Task to carry out - The output is the lines below from the one with "Ahmet Müfit BEY 1" through the one with "Eski Alikahya Belediyesi 3", both included, printed exactly and with no other line.

Data entries -
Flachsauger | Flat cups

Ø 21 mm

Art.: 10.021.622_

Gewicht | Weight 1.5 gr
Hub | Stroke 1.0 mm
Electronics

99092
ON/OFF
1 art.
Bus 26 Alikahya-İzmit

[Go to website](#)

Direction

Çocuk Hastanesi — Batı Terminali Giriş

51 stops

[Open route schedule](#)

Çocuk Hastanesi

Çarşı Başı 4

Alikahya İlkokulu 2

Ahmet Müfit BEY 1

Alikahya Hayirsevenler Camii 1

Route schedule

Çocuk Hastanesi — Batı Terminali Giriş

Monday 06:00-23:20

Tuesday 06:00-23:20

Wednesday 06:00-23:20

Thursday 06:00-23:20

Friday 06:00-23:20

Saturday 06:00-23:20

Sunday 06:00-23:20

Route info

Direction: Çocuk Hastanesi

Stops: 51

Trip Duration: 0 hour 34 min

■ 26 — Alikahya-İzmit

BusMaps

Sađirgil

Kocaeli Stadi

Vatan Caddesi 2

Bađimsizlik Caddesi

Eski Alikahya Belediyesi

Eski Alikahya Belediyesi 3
==
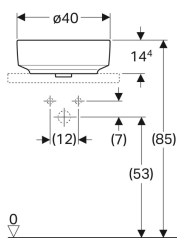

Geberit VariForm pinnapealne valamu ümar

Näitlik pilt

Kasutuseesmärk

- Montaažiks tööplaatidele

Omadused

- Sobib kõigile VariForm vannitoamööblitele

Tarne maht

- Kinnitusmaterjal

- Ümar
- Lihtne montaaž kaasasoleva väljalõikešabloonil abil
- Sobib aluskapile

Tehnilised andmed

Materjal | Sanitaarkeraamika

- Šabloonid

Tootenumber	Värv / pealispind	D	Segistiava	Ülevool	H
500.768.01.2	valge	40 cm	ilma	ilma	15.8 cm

Written solution -
Ahmet Müfit BEY 1

Alikahya Hayirsevenler Camii 1

Route schedule

Çocuk Hastanesi — Batı Terminali Giriş

Monday 06:00-23:20

Tuesday 06:00-23:20

Wednesday 06:00-23:20

Thursday 06:00-23:20

Friday 06:00-23:20

Saturday 06:00-23:20

Sunday 06:00-23:20

Route info

Direction: Çocuk Hastanesi

Stops: 51

Trip Duration: 0 hour 34 min

■ 26 — Alikahya-İzmit

BusMaps

Sađirgil

Kocaeli Stadi

Vatan Caddesi 2

Bađimsizlik Caddesi

Eski Alikahya Belediyesi

Eski Alikahya Belediyesi 3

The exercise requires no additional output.